Directions:
Filter these entries, keeping only lines that hold the word "Finitura".

[Saved entries]

══════

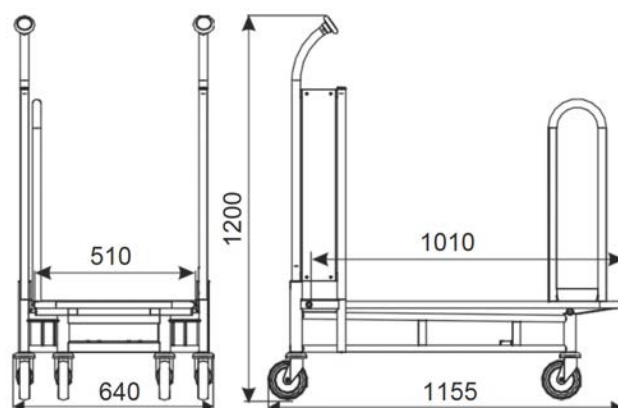

CARRELLO DA TRASPORTO CARRY 90 PER TAPPETO MOBILE

Tipologia	Carry 90 per tappeto mobile
Portata di carico	130 kg
Diametro ruote	125 mm
Finitura	Placcato zinco + laccatura
Imbottigliamento	250 mm

Finiture standard: Zincato, i lati sono verniciati a polvere per arricchire l'estetica del carrello e si abbina con i colori del negozio. Nella versione standard il carrello presenta ruote in gomma. Gli accessori opzionali (ruote con freno, blocco monete, logo e altri accessori) possono essere ordinati separatamente.

Nome prodotto	Finitura	Codice
Carrello da trasporto Carry 90 for travelator	Placcato zinco/ verniciato a polvere	919-343-023

Accessori:

Opzioni aggiuntive:

- asta;
- logo laterale in plexi con grafica;
- blocco monete.
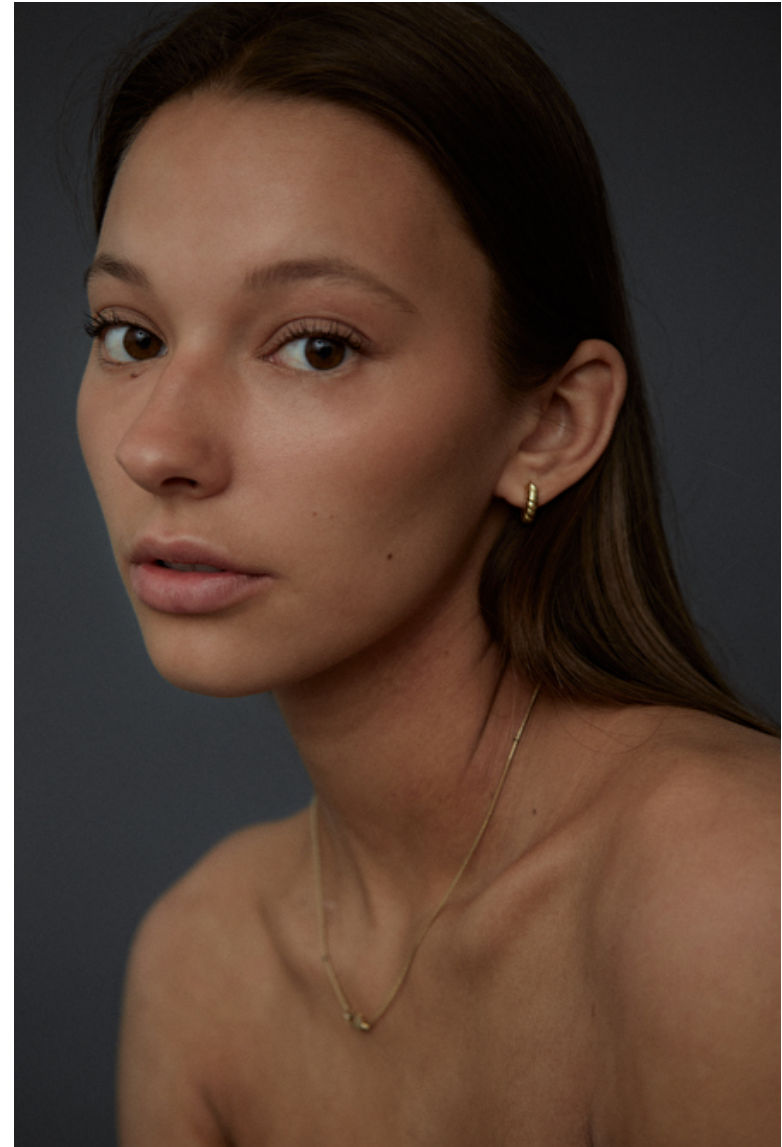

Modellink

Vasagatan 16, Goteborg, 41124, Goteborg, Sweden
Phone: 031-13 15 33 **Email:** info@modellink.se **Website:** <http://modellink.se/>

Maya Älveblad

Height 178cm / 5' 10.0"

Bust 85cm / 33.5"

Waist 64cm / 25"

Hips 100cm / 39.5"

Shoes EU/US/UK 39 / 8 / 6

Eyes Brown

Hair Brown

Cup B
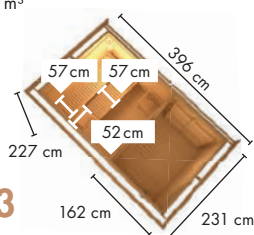

SKROLLAN 3 MIT VORRAUM

Maße BxTxH: 369 x 231 x 227 cm
Umbauter Raum ca. 19,1 m³
Fensteraußenmaß:
122 x 42 cm

Innenmaß Vorraum: BxT: 162 x 219 cm
Innenmaß Sauna: BxT: 219 x 219 cm

	ohne Ofen	86304	4.999,99*	–	–	–	–
	9 kW Ofen ext. Strg.	86306	5.469,99*	–	–	–	–
	9 kW Bio-Kombiofen ext. Strg.	86307	5.779,99*	–	–	–	–
	ohne Ofen	86308	4.999,99*	86309	5.449,99*	36341	5.449,99*
	9 kW Ofen ext. Strg.	86311	5.469,99*	6118	5.919,99*	36342	5.919,99*
	9 kW Bio-Kombiofen ext. Strg.	86312	5.779,99*	6119	6.229,99*	36343	6.229,99*

SKROLLAN 3 MIT VORRAUM & RUNDEM FENSTER

Innenmaß Vorraum: BxT: 162 x 219 cm
Innenmaß Sauna: BxT: 219 x 219 cm

	ohne Ofen	17344	4.999,99*	–	–	–	–
	9 kW Ofen ext. Strg.	17346	5.469,99*	–	–	–	–
	9 kW Bio-Kombiofen ext. Strg.	17347	5.779,99*	–	–	–	–
	ohne Ofen	17348	4.999,99*	17352	5.449,99*	36344	5.449,99*
	9 kW Ofen ext. Strg.	17350	5.469,99*	17354	5.919,99*	36345	5.919,99*
	9 kW Bio-Kombiofen ext. Strg.	17351	5.779,99*	17355	6.229,99*	36346	6.229,99*

══════

Written reply:
Finitura	Placcato zinco + laccatura
Nome prodotto	Finitura	Codice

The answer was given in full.